- Problem details -
Using the listing below, report how many lines contain the word "Capacity" and give no other words.

- Dataset content -
┏━━

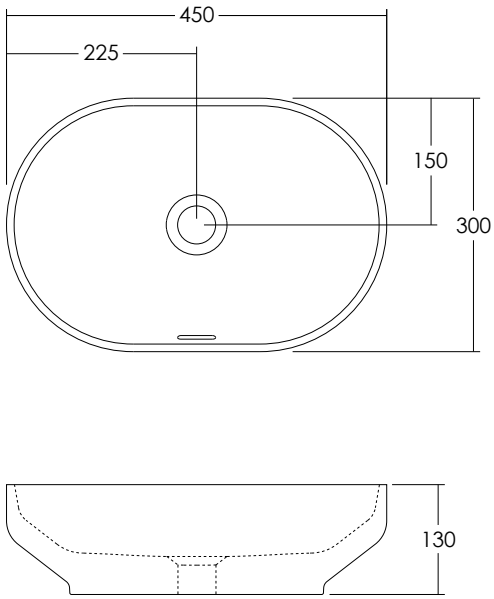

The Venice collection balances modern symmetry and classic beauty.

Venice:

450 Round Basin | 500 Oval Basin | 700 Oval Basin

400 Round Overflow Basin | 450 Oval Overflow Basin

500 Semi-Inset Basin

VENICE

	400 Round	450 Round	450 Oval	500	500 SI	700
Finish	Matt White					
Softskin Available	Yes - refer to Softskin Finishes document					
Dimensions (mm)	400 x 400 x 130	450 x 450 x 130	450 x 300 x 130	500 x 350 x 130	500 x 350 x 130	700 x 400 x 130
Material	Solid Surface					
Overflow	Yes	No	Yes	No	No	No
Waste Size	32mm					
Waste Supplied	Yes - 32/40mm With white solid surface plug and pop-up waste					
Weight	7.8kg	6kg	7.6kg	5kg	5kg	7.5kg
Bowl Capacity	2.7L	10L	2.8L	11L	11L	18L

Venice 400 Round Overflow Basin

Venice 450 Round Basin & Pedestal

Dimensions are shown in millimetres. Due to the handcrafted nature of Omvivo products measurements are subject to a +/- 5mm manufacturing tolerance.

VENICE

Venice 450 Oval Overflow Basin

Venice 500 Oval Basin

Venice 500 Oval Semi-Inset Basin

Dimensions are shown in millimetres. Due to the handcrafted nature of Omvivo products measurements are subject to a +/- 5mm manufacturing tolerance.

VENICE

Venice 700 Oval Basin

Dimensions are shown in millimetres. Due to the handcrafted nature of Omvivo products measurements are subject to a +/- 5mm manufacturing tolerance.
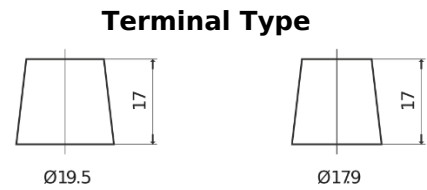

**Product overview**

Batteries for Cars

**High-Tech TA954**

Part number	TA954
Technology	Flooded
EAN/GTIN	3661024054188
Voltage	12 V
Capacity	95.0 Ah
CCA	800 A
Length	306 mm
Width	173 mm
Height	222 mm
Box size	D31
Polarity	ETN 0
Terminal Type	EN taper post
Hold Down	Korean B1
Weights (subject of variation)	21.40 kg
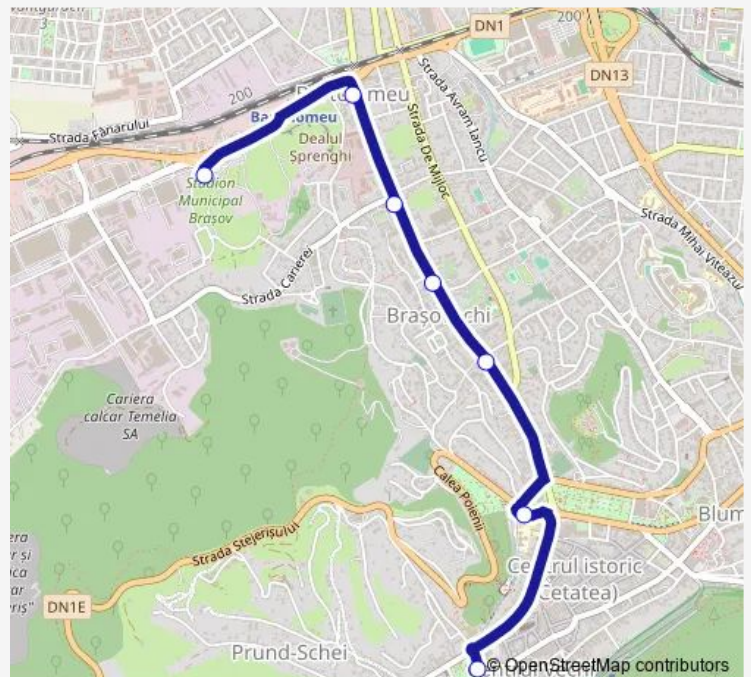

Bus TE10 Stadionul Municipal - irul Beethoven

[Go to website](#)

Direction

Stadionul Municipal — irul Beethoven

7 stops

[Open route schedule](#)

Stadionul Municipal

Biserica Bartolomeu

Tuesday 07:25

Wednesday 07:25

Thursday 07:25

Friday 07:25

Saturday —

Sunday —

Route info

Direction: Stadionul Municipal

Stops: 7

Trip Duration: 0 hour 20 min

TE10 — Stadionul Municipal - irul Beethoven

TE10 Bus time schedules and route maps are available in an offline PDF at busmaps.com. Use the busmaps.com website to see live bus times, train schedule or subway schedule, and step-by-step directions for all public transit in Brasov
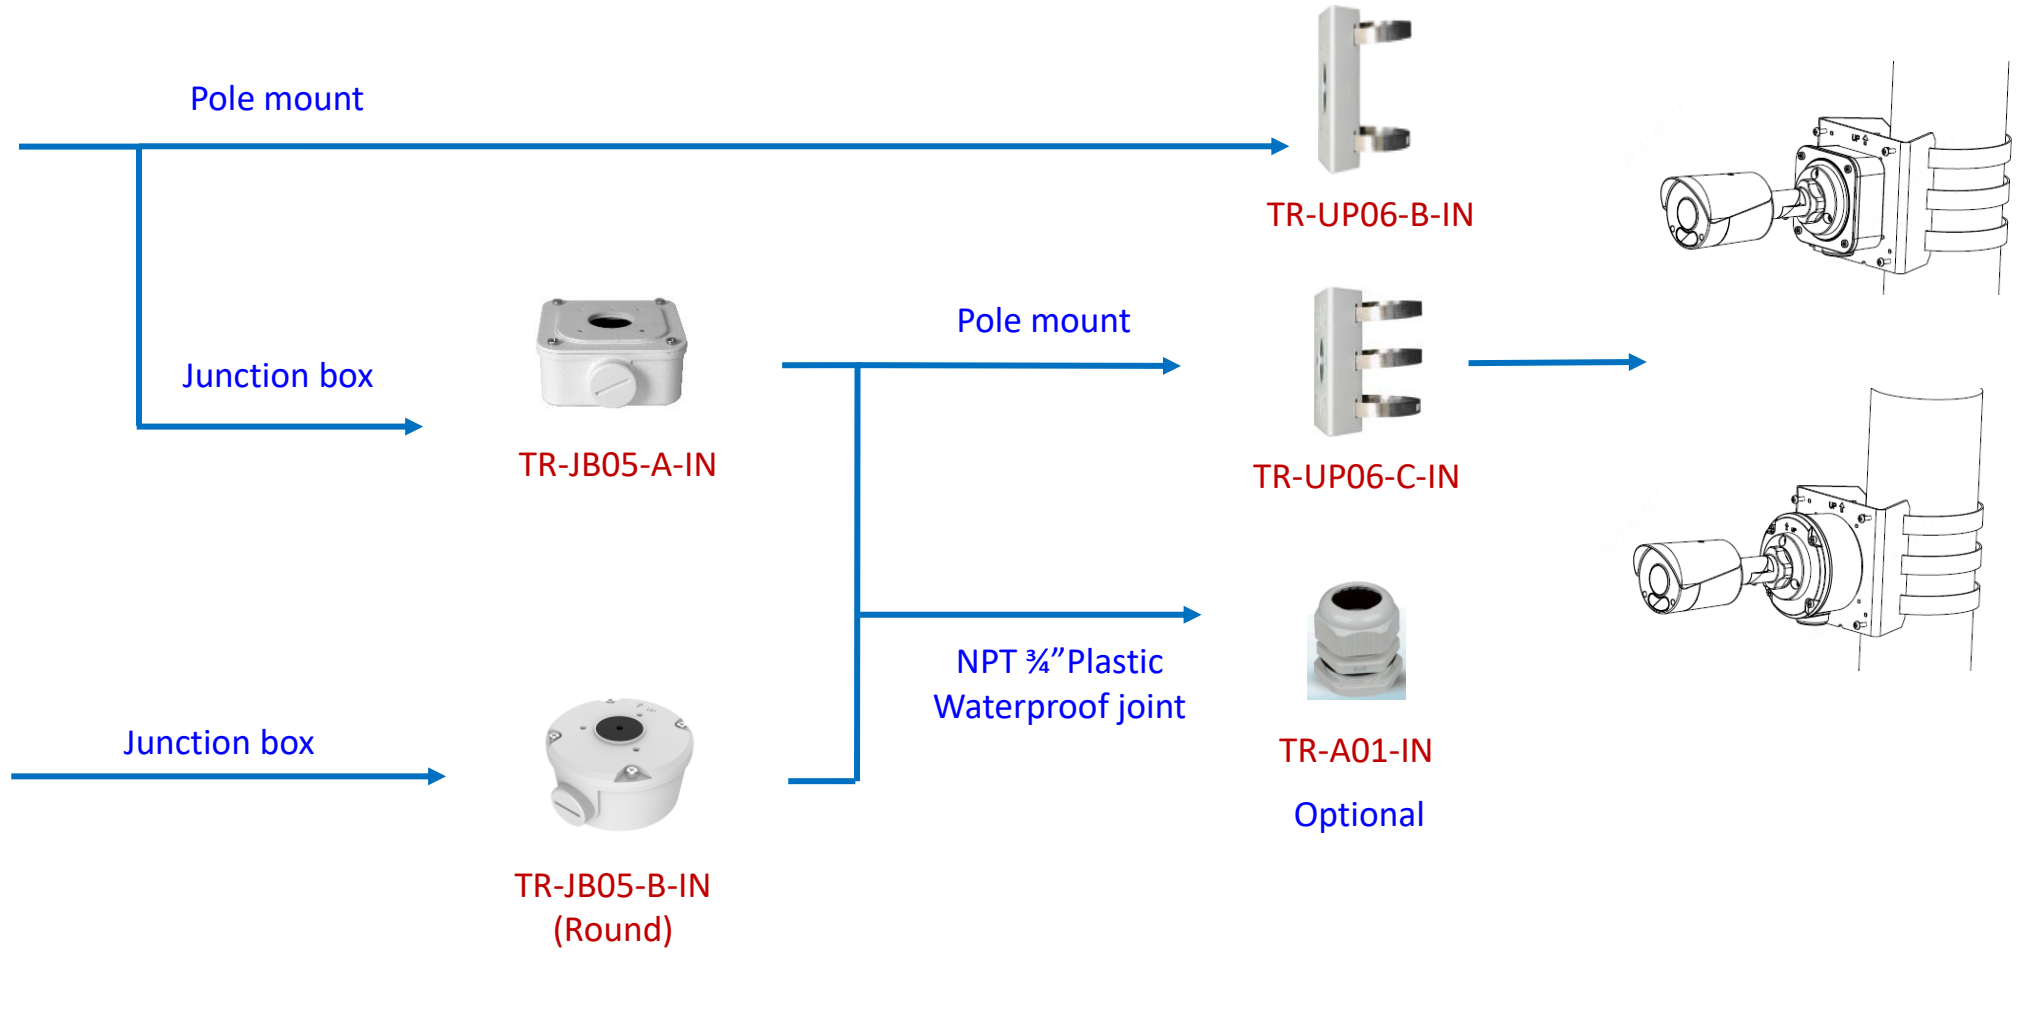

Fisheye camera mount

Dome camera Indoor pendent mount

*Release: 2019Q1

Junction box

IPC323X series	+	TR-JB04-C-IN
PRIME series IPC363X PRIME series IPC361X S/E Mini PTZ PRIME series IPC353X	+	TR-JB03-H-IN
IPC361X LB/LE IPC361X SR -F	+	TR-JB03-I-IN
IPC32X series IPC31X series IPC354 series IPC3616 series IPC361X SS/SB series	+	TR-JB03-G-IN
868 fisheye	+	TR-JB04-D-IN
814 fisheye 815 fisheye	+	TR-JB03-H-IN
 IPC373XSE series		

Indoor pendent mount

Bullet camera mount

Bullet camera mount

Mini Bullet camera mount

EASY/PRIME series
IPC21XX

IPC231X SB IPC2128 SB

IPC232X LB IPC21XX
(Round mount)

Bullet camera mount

┗━━

- Exercise response -
2